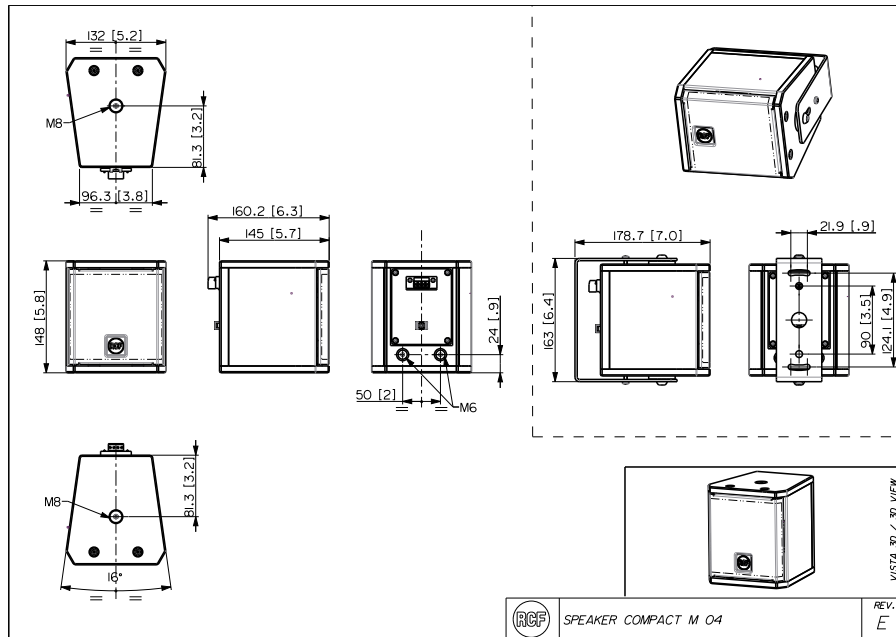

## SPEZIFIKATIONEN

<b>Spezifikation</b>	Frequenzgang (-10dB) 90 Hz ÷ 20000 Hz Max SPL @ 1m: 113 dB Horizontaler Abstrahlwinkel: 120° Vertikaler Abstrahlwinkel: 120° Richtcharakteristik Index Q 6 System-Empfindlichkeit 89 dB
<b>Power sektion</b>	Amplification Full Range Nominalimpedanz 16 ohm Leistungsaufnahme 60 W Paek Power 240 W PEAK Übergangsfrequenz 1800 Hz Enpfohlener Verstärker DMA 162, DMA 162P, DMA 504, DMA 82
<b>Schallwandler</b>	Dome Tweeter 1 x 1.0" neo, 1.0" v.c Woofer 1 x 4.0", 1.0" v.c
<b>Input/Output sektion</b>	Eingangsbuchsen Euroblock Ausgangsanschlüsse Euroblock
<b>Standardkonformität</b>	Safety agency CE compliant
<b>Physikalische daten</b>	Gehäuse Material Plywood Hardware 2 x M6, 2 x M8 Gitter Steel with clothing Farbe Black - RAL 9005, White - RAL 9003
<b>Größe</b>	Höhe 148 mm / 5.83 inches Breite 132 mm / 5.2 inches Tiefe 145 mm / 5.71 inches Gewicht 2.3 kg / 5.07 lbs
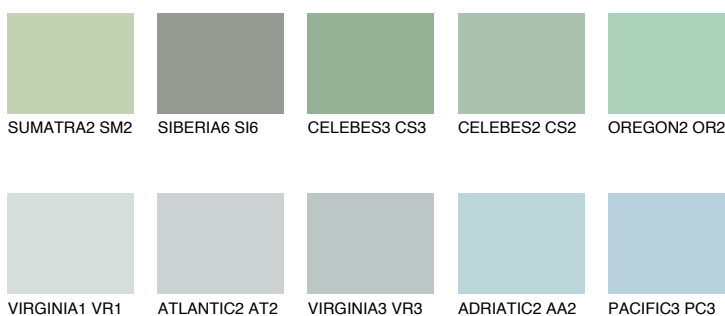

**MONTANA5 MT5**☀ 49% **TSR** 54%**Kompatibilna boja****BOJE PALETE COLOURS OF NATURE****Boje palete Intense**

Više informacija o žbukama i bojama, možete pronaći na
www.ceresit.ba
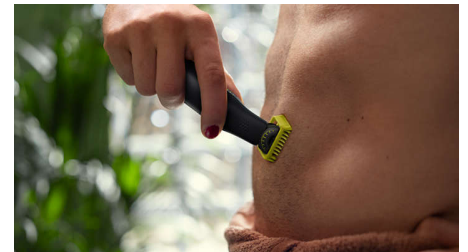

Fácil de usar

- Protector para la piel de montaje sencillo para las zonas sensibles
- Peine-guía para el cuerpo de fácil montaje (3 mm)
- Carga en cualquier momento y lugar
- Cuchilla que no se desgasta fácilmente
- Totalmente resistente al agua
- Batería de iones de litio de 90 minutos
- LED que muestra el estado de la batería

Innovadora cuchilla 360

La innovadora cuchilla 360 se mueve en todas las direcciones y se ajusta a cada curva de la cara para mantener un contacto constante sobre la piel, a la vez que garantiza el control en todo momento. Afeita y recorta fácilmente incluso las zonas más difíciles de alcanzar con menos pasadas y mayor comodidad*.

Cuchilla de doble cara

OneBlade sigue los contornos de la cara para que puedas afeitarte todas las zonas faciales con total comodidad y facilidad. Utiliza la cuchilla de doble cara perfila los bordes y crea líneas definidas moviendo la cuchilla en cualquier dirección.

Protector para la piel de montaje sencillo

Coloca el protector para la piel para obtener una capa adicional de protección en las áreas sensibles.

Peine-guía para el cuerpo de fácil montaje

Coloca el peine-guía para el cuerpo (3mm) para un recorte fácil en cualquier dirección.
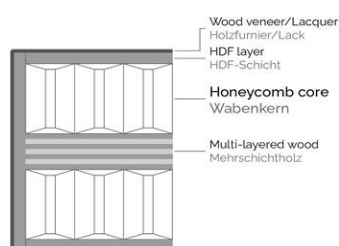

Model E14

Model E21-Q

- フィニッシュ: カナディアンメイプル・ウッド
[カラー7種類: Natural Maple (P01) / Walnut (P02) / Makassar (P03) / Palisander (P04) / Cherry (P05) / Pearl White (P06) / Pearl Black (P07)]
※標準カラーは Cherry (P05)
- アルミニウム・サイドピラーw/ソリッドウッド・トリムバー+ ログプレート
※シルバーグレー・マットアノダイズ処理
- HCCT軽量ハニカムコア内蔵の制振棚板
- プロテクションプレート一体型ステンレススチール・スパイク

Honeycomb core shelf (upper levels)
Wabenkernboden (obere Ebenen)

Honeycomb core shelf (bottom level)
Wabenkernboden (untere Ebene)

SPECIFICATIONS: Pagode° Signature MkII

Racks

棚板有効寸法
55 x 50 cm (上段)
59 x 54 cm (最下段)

Task prompt :: Looking at the records above, please output exactly the lines that run from the one holding "- HCCT軽量ハニカムコア内蔵の制振棚板" to the final line, and only those.

Solved exercise ::
- HCCT軽量ハニカムコア内蔵の制振棚板
- プロテクションプレート一体型ステンレススチール・スパイク

Honeycomb core shelf (upper levels)
Wabenkernboden (obere Ebenen)

Honeycomb core shelf (bottom level)
Wabenkernboden (untere Ebene)

SPECIFICATIONS: Pagode° Signature MkII

Racks

棚板有効寸法
55 x 50 cm (上段)
59 x 54 cm (最下段)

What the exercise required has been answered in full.